This repository contains the following files:

  • README.md: This file, which provides an overview of the project.
  • code/: This directory contains the code used in the project.
  • data/: This directory contains the data used in the project.

Subdirectories

Within the code/ directory, the following subdirectories serve specific functions:

  • scripts/: This directory contains all the necessary scripts and programs for processing and cleaning the data.

Within the data/ directory, the following subdirectories are further categorized:

  • raw/: This directory contains the raw data that is utilized throughout the project.
  • processed/: This directory contains the processed data generated during the project.
  • references/: This directory contains reference data used for analysis.
  • training/: This directory contains training data used for analysis.

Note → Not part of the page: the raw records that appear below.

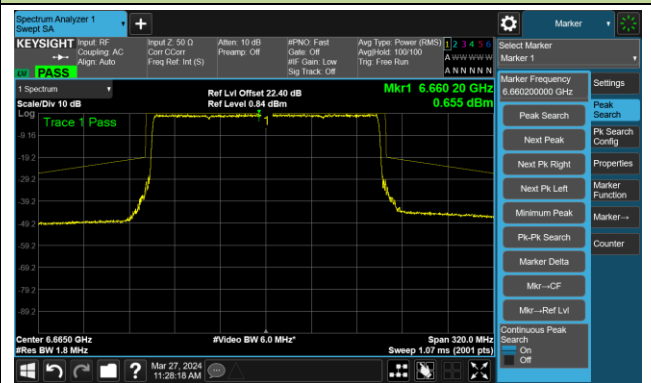

802.11ax-HE160 – Ant 0

Channel 111 (6505MHz)

The Reference Level

The Mask Data

Channel 143 (6665MHz)

The Reference Level

The Mask Data

Channel 175 (6825MHz)

The Reference Level

The Mask Data

802.11ax-HE160 – Ant 0

Channel 207 (6985MHz)

802.11be-EHT20 – Ant 0

Channel 1 (5955MHz)

The Reference Level

The Mask Data

Channel 49 (6195MHz)

The Reference Level

The Mask Data

Channel 93 (6415MHz)

The Reference Level

The Mask Data

802.11be-EHT20 – Ant 0

Channel 97 (6435MHz)

The Reference Level

The Mask Data

Channel 105 (6475MHz)

The Reference Level

The Mask Data

Channel 113 (6515MHz)

The Reference Level

The Mask Data
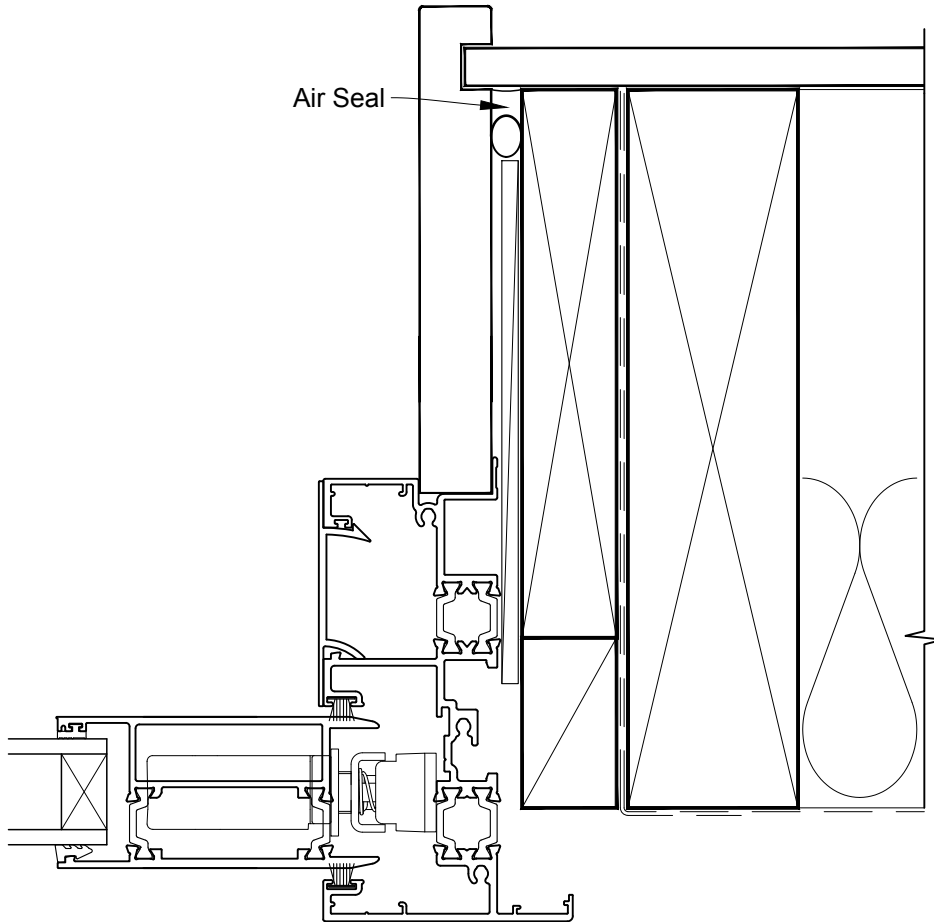

Date: 01.09.16

Scale: 1:2

CAD Ref.: MTSWNC-CS2

**INSTALLATION DETAIL - METRO THERMAL HEART
SLIDING WINDOW ON NO CLADDING
DIRECT FIXED CLADDING**

Date: 01.09.16

Scale: 1:2

CAD Ref.: MTSWNC-DH

**INSTALLATION DETAIL - METRO THERMAL HEART
SLIDING WINDOW ON NO CLADDING
DIRECT FIXED CLADDING**

Date: 01.09.16

Scale: 1:2

CAD Ref.: MTSWNC-DJ

**INSTALLATION DETAIL - METRO THERMAL HEART
SLIDING WINDOW ON NO CLADDING
DIRECT FIXED CLADDING**

Date: 01.09.16

Scale: 1:2

CAD Ref.: MTSWNC-DS

**INSTALLATION DETAIL - METRO THERMAL HEART
SLIDING WINDOW ON NO CLADDING
DIRECT FIXED CLADDING**

Additionally, the exploratory/ subdirectory is designated for storing files, notes, papers, and other various files that can be of interest to the project. In contrast, files determined relevant to the final report are placed in the submission/ subdirectory.

Using GitHub for Scientific Data Analysis

The development of software is a complex process that requires managing various versions of code, tracking progress, and ensuring that the final product works as intended. These criteria are similarly applicable and helpful for scientific data analysis, where reproducibility is of great importance. GitHub is an online platform that allows developers to create repositories for storing and managing code changes.

The platform enables changes made to the code to be tracked, with the possibility to revert to previous versions if necessary. It also provides the potential for managing different versions of the code for different environments. With the intention of ensuring reproducibility and documentation, the main idea was to create a GitHub repository for each step of the data analysis. For the mock data simulation, “01_clean_mock_data” was created.

With the GitHub repository, the project will also align with the FAIR principles described by (Wilkinson et al., 2016), which aim to make data and code findable, accessible, interoperable, and reusable. Further, when working with high-performance computing (HPC), it is essential to carefully optimize and test the programs to ensure a clean run on the server. By utilizing the local Git repository, thorough tests of scripts, programs, and program configurations can be determined and adjusted for using a subset of the data before the highly resourceful run on the server. The use of a local Git repository also facilitates the uploading of the correct file structure for the proper execution of programs without significant modifications to paths.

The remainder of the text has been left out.